Yeah, I believed something like that. And when someone told me "No, a man needs to be involved." but then didn't really explain anything more, I just thought "Well . . . I guess a man needs be involved as a doctor to deliver the baby."
 
speculawyer said:
Yeah, I believed something like that. And when someone told me "No, a man needs to be involved." but then didn't really explain anything more, I just thought "Well . . . I guess a man needs be involved as a doctor to deliver the baby."

:lol :lol
 
The Take Out Bandit said:
It doesn't help that you advertise as BlackAce. :P

IIRC, I was under the impression that the people in television lived there and were tiny people. Probably around the age of 3 or some such.
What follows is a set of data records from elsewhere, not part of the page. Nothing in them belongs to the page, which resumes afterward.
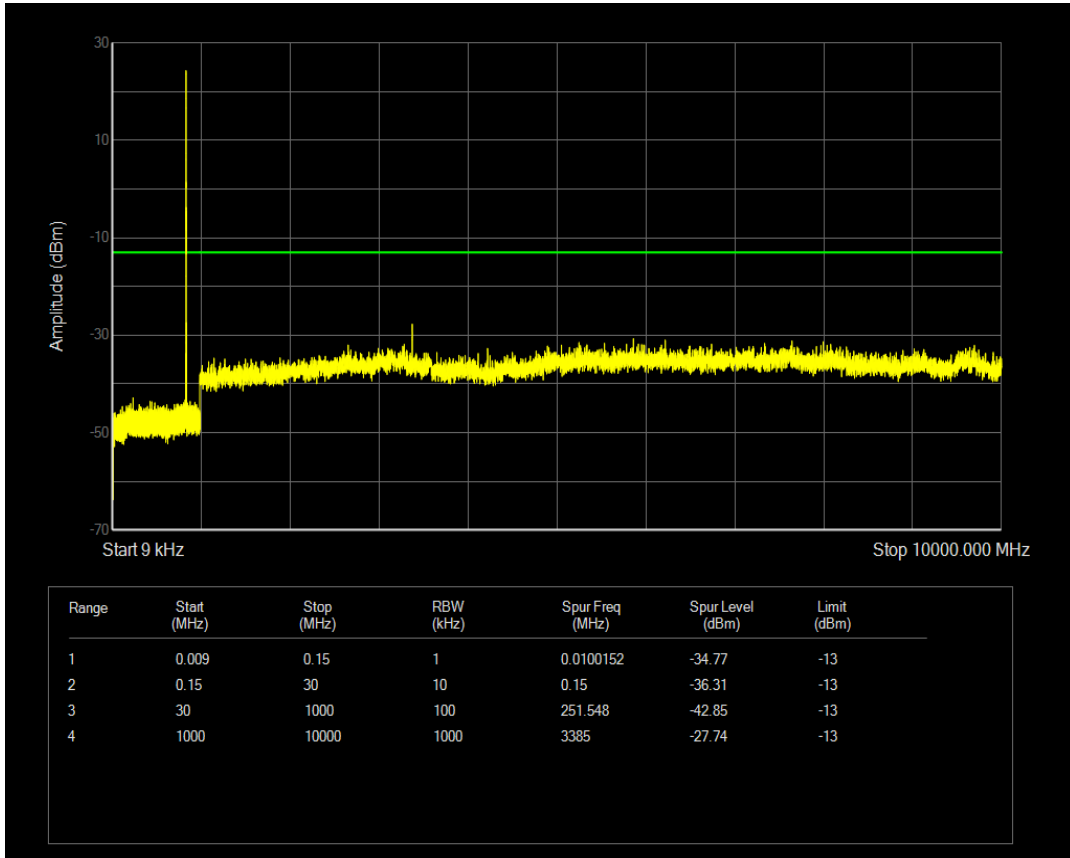

Band5 QPSK BW=3MHz Channel=20635 RB Size=1 Position=#0

Band5 QAM16 BW=3MHz Channel=20525 RB Size=15 Position=#0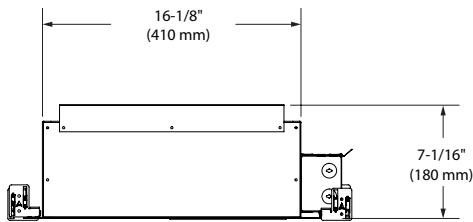

CONTRASTE

2018-03
Revision 1

PRINTED IN CANADA

1009, rue du Parc Industriel
Lévis (Québec) G6Z 1C5 Canada
Tel.: 1-888-839-4624
Fax.: 1-877-839-7057
contrastelighting.com
info@contrastelighting.com

© 2018 Contraste Lighting M.L. Inc.
All rights reserved

Contrast Lighting M.L. Inc. reserves the right to make changes in specifications and/or to discontinue any product at any time without notice or obligation and will not be liable for any consequences resulting from the use of this publication.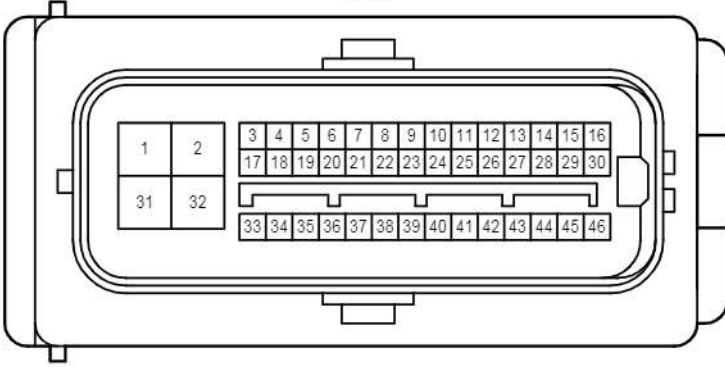

E 7
White

E 12
Black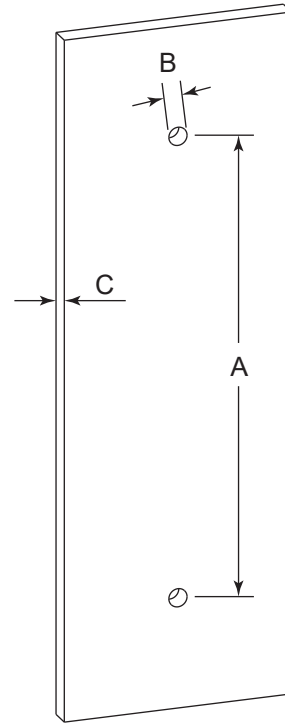

COLOGNE COLLECTION DOUBLE SHOWER DOOR HANDLE

8" 2557808
12" 2557812
18" 2557818
24" 2557824

PRODUCT NAME: COLOGNE DOUBLE SHOWER DOOR HANDLE

PRODUCT CODE: 8" 2557808
12" 2557812
18" 2557818
24" 2557824

MATERIAL: All-brass construction

HANDLES INFO

Components Included		
①	Handle	X1
②	Set Screw M6	X2
③	Fixing Bracket	X2
④	Rubber Gasket	X4

Mounting Kits Included		
	X1	Allen Key

GLASS INFO

Glass Hole C-C Distance		
A	8"/203mm	8" Shower Door Handle
	12"/305mm	12" Shower Door Handle
	18"/457mm	18" Shower Door Handle
	24"/610mm	24" Shower Door Handle
	36"/914mm	36" Shower Door Handle
B	1/2" (12mm)	Glass Hole Diameter
C	6-12mm	Glass Thickness

Probably not the most original, but hey - I was young and stupid. :P

Oh and I used to think I was choking all the time. Better yet, I used to run up to my parents and make them look down my throat with a flashlight to make sure I wasn't choking! :lol

I have learned since then that I am black no matter what my mother looks like :p

I wasn't blackace when I was 7
 
speculawyer said:
Well you are certainly don't react to it the same. I was at a lab the other day for a blood test and there was a kid about four years old . . . he was screaming his head off the whole time like they were about to kill him. Several of us in the waiting room couldn't help but to break out laughing.

When I got poke, I did say 'ow' and it hurt for second. But it isn't a big deal and it doesn't stop me from donating blood on a regular basis.

Yeah. Haha. "Ow" is about all I say now but man did I think I would be invincible as an adult. DAMN! THEY LIED!
 
I thought that people that died in movies were volunteers that actually let themself get killed.

I thought you could not get a tan through a window.